Trudeau 1.0 believed the national interest required government intervention in the oil and gas sector, so that energy costs in Ontario and Quebec would remain below world prices. The National Energy Program proved both ruinous and ineffective, which is why Brian Mulroney scrapped the program when he became prime minister.

But Mr. Mulroney also believed in Ottawa’s nation-building role. The Progressive Conservative prime minister secured unanimous agreement with the premiers on constitutional reform. Unfortunately for Mr. Mulroney, provincial elections brought a new slate of premiers who opposed and ultimately defeated the Meech Lake Accord.

Liberal prime ministers Jean Chrétien and Paul Martin were keen to impose national standards on how the provinces delivered health care. They failed, but only after years of name-calling and acrimonious first-ministers meetings.

Stephen Harper took a very different approach. On the Conservative prime minister’s watch, the federal government pretty much stuck to its constitutional knitting, which brought an end (more or less) to decades of warfare between Ottawa and the provinces, while also weakening the influence of the federal government.

Justin Trudeau resolved to restore that influence and he had a pretty good run, at first. He convinced the provincial governments to reform and strengthen the Canada Pension Plan. He bribed and browbeat them into realigning their health-care priorities toward home care and mental health.

And he got them to agree to impose a price on carbon, either through direct taxation or a cap-and-trade system. But then, just as with Mr. Mulroney, provincial elections produced a coalition of premiers opposed to his scheme. In response, the Liberal government imposed a carbon tax in those provinces where the provincial government refused to implement one. Which brings us to today.

Meeting the new targets of even lower emissions by 2030 and of net zero emissions by 2050 will require strong measures that are bound to have an economic impact. Support from the provincial governments will be essential. But the Liberals are at war with Jason Kenney in Alberta, Scott Moe in Saskatchewan, Brian Pallister in Manitoba, Doug Ford in Ontario and Blaine Higgs in New Brunswick over the carbon tax.

“We’re fighting conservative politicians and premiers at every turn,” Liberal candidate Catherine McKenna, the environment minister in Mr. Trudeau’s government, told reporters. Such premiers “would rather spend money fighting climate action in court than fighting climate change.” And if Conservative Leader Andrew Scheer becomes prime minister, “he would cut the programs that we have brought in.”
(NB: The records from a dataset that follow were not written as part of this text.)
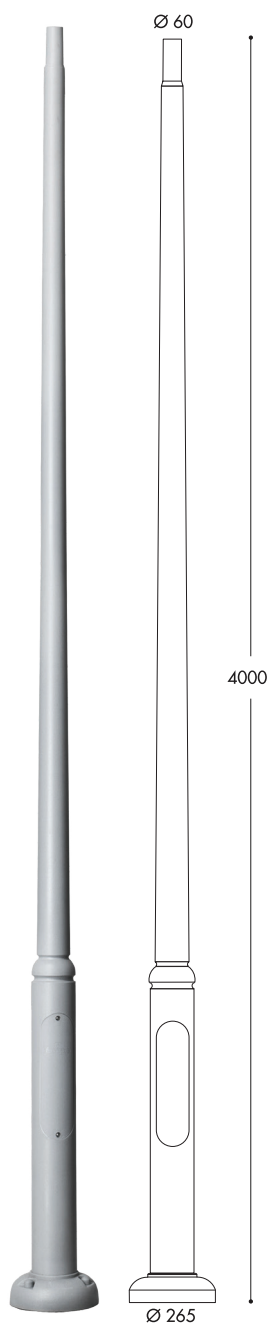

COMPLET MODULAR

EKTOR

KARMEL

HOREB

EKTOR

NEBO

STĂLPI				
COD	NUME	Înălțime	Culoare	Accesorii
EL0043899	Ektor	4m	Gri	Ușă vizitare
EL0067812	Karmel	4m	Negru	Ușă vizitare
EL0067717	Horeb	3,5m	Negru	Ușă vizitare
EL0067728	Ektor	3m	Gri	Ușă vizitare
EL0043886	Nebo	2,5m	Negru	Ușă vizitare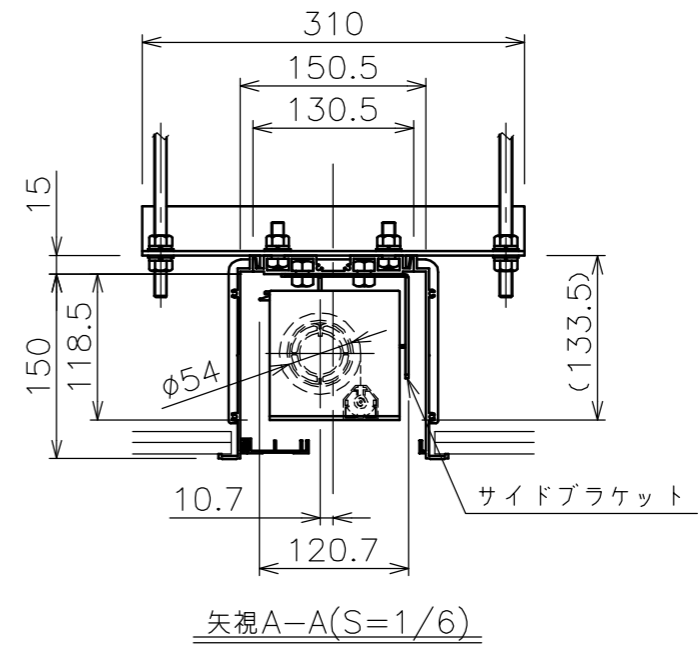

端子台タイプをご選択の場合、電源コンセントは付属されていません。

矢視A-A(S=1/6)

選択回路ボックス(左側側面詳細図(S=1/6))

・外形寸法は、小数点以下を切上げております。

※いずれか、もしくは両方をご選択ください

※端子台タイプをご選択の場合、中継ボックスは付属されていません。

注記

1. スイッチボックス、一次・二次電気配線、配管工事、及び配線材料は別途となります。
2. 赤外線リモコンセットをお使いの場合、インバーター照明下では受信感度が低下し、到達距離が短くなる場合があります。

スクリーン生地	ホワイト(WG103)	防炎品
スクリーンケース	シンメトリーケース	
機 構	テンションアジャスト	
質 量	23.1kg	
選 択 部 品	回路ボックス/操作スイッチ(リモコン)	
オプション	赤外線リモコン(S-R1) 壁埋込スイッチ(S-R2)/一連用壁埋込スイッチ(S-R3)	
アルミボックス	AL-243X	
備 考	RoHS対応品	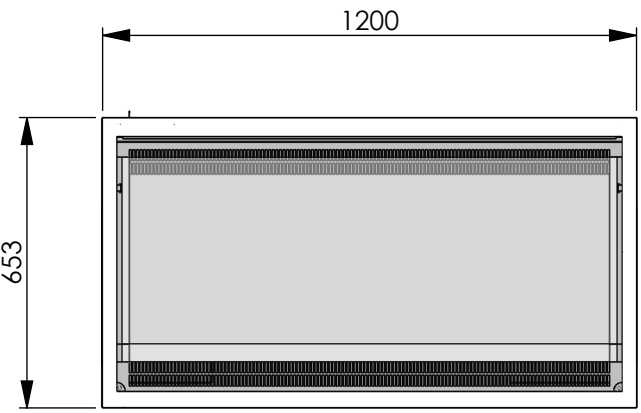

Colly 1200

Service side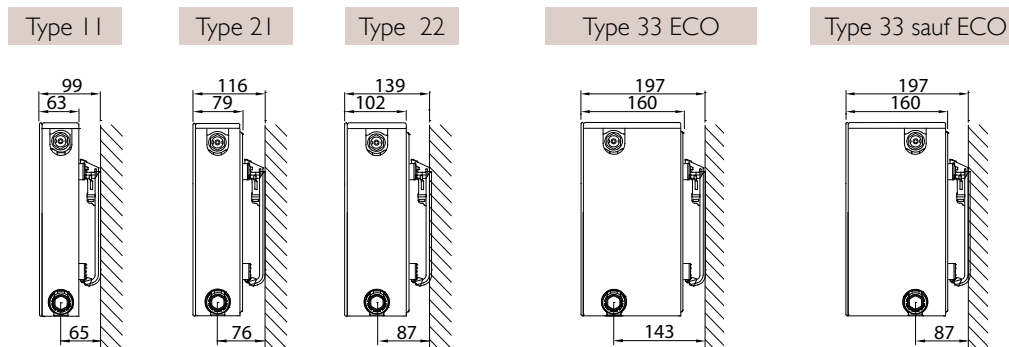

CONSOLES MURALES

Radiateurs horizontaux avec étriers

Consoles J (Type Monclac VDI 6036 - Classe 3)

Planar ECO
Planar Style ECO
Planar
Compact Planar
Compact Style

Novello ECO
ECO Galva
Compact All In

Yes he would, which is why it is such a mistake for Ottawa to attempt to impose its will on the provinces. Achieving broad provincial support for national priorities – the kind of support that crosses party lines – is messy and slow and fraught. Sometimes, as with the new national securities regulator, agreement is asymmetrical: adopted by some provinces and not others.

Progress can be glacial: It took a decade to negotiate and ratify the trade agreement with the European Union, in part because both Conservative and Liberal governments worked hard to keep all the provinces onside.

But the alternative is endless warfare, rising support for separatist movements, and laws that don’t survive a change in government.

The Liberals are also proposing a national pharmacare program. A report by former Ontario health minister Eric Hoskins priced such a program at $15.3-billion annually, once fully implemented, and per capita funding would be higher in some provinces than in others. Many meetings lie ahead.

If, in the end, the federal government imposed pharmacare despite provincial opposition, the ugliness could breed increased support for sovereignty in Quebec and Alberta, and a cold war between Queen’s Park and Parliament Hill. Better to go slowly and proceed only with consent. But that isn’t Justin Trudeau’s way.